On December 5, 2016, several U.S. oil companies were among the winners of petroleum contracts awarded by the Mexican Hydrocarbon Commission to develop deep water projects in the Gulf of Mexico. From a legal standpoint, an initial assumption could be that the North American Free Trade Agreement (NAFTA) became more relevant to these “American” companies entering into the Mexican oil market. Indeed, the legal regime provided by NAFTA Chapter 11, which was designed to protect property rights in long-term investments, could be essential to ventures involving operations that might last for over two decades.

Later, President-elect Donald Trump announced Rex Tillerson as his nominee for Secretary of State. Until 2016, Tillerson was the CEO of Exxon Mobil, one of the U.S. oil companies investing in the new projects in Mexico.

During the first year in office, Trump and Tillerson, assuming Tillerson is confirmed by the Senate, will navigate national and international politics to grapple with issues arising from promises made during Trump’s presidential campaign. Among these promises was Trump’s pledge to renegotiate or to terminate NAFTA.

Yet now that U.S. oil corporations plan to heavily invest in multi-billion dollar projects in Mexican territory, Tillerson should be aware that U.S. oil companies might prefer to keep NAFTA, in contrast with the anti-NAFTA rhetoric and nationalist positions expressed by some Trump supporters. Nevertheless, both views require a closer look to identify the benefits of the agreement, since protecting U.S. oil investments in Mexico under NAFTA is far from a question with a unique and straightforward answer.

As a matter of fact, U.S. oil companies will initially face two NAFTA caveats. First, the conflicting interpretations of the agreement concerning the application of NAFTA Chapter 11. This is caused by the divided opinion of the legal community on the validity of the Mexican reservation to NAFTA that blocks protection of investment in the energy sector. For some, this reservation was implicitly waived after the approval of the Mexican energy reforms, whilst for others, the reservation remains and limits the application of some sections of the agreement.
Second, if one decides to ignore this debate and considers that NAFTA Chapter 11 applies, then they should bear in mind that, as Professor Gus Van Harten from York University has highlighted, NAFTA has no “survival clause.” A survival clause is a provision typically included in treaties for the protection of investments, which provides the continuing protection of the agreement for existing investments for periods of 10 to 15 years, even after the treaty has been unilaterally terminated. Without this clause, a NAFTA party can terminate the agreement on six months’ notice and could deprive foreign investors of the protection of international law and international arbitration. Hence, the framework, currently a subject of a public and politicized debate, seems far from providing the certainty of the rule of law required for these investments.

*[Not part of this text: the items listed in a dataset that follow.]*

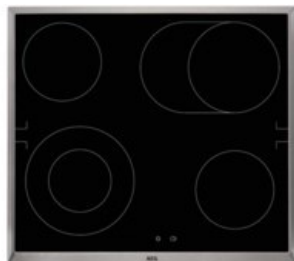

## AEG Kombi 4024S | schwarz + edelstahl

Artikelnummer 18224

A+

### Produkttyp

- Produkttyp: Einbaugeräte Set
- Kombinationsart: Einbauherd + Glaskeramikfeld

### Gehäuseeigenschaften

- versenkbare Schalter
- Breite (Kochfeld): 57,60 cm

- Tiefe (Kochfeld): 51,60 cm
- Gewicht (Kochfeld): 7,10 kg
- Breite (Backofen): 59,50 cm
- Höhe (Backofen): 59,40 cm
- Tiefe (Backofen): 56,70 cm
- Gewicht (Backofen): 32 kg
- Farbe: schwarz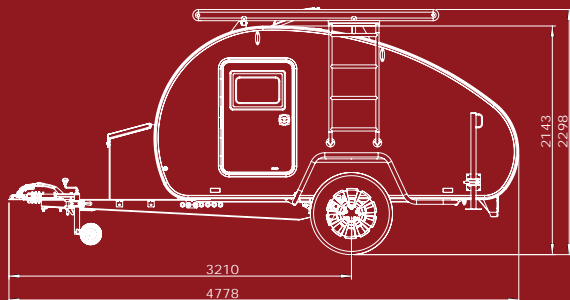

MER FAKTA

Den isolerte kabinen er utstyrt med en madrass i full størrelse, hyller, skuffer, omgivende LED-belysning og mye mer. På baksiden, et fullt utstyrt kjøkken med sidemontert vask, 30 L vannstank, allsidige kokemuligheter og muligheter for kjøleskap.

EKSTRA TILVALG

For priser på annet ekstrautstyr, som blant annet dieselmotorkjøler, innfelte gassbrennere, batteripakker, foliering, sykkelstativ m.m henviser vi til vedlagt prislister. Her vil du se komplett liste på tilgjengelig utstyr og priser.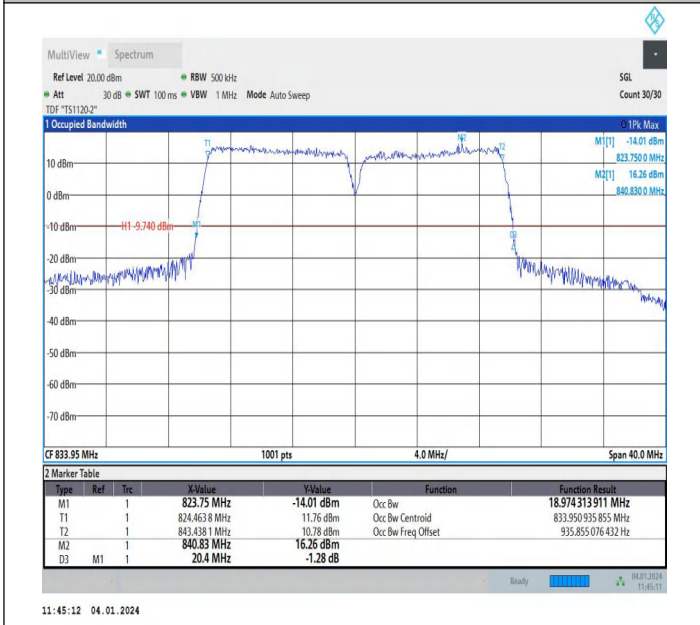

5-5-10MHz-10MHz-QPSK-QPSK-20501-20600-50RB#0-50RB #0-PASS

Then, why expose multi-billion-dollar projects to this degree of uncertainty? In recent years, U.S. investors have been able to place investments through subsidiaries incorporated in other countries to acquire the protection of an investment treaty. Indeed, in a time when oil majors operate around the world, corporation nationality has turned into a malleable concept.

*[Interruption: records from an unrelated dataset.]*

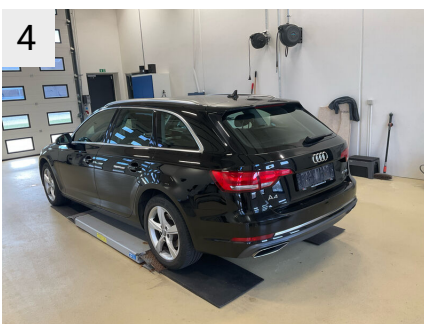

TILSTANDSRAPPORT

Stamdata

Registreringsnummer	CJ23757	Stelnummer	WAUZZZF41KA064506		
Mærke	AUDI	Model	A4 AVANT	Version	40 TDI 190 HK 5-dørs S tronic
Karosseritype	Stationcar	Farve	Sort	Reg. dato	09-04-2019
Drivkraft	Diesel	Drivlinje	Front wheel drive	Geartype	Automatisk
KM. stand	222117	Antal nøgler	2	Kontraktnummer	1006392

Udvendige billeder

Fabriksudstyr

Error: No response from service. Try again or contact support.

Dæk og mønster

Position	Mærke	Størrelse	Slidbane	Dæktype
Venstre, For	Continental	225/50-17	06 mm	Sommer
Venstre, Bag	Continental	225/50-17	06 mm	Sommer
Højre, Bag	Continental	225/50-17	06 mm	Sommer
Højre, For	Continental	225/50-17	06 mm	Sommer

Since the last decade, international arbitration tribunals have recognized “treaty shopping” as a legitimate practice to gain access to the protection of an investment treaty. For instance, oil companies like Exxon and Chevron (both among the winners of the Mexican deep water bidding round) have circumvented the lack of investment protection in countries like Venezuela, investing through Dutch or Danish subsidiaries that provide access to treaty protection. Consequently, we would expect that oil companies could use the Mexican network of several investment treaties to gain the protection provided by international law.
Moreover, this is not a one-sided legal agreement. NAFTA is not only relevant to U.S. corporations, but it has also become important to Mexican investments in the U.S. Mexican investments, such as those conducted by Carlos Slim, have invested in the U.S. real estate market; in the media sector through his ownership of 17% of the New York Times; and even in the oil and gas sector through the company Wellaware. Furthermore, Mexican investors have not ignored the investment treaty system. In fact, Slim’s companies have recently profited from it and filed an arbitration claim against Colombia before the International Centre for Settlement of Investment Disputes at the World Bank. We may never know whether NAFTA was a topic during the recent meeting between the Mexican multi-billionaire and Donald Trump. However, what we certainly know from Trump’s Twitter account is that after the meeting he called Slim a “great guy,” and that Trump’s relationship with the New York Times is far from being “great.”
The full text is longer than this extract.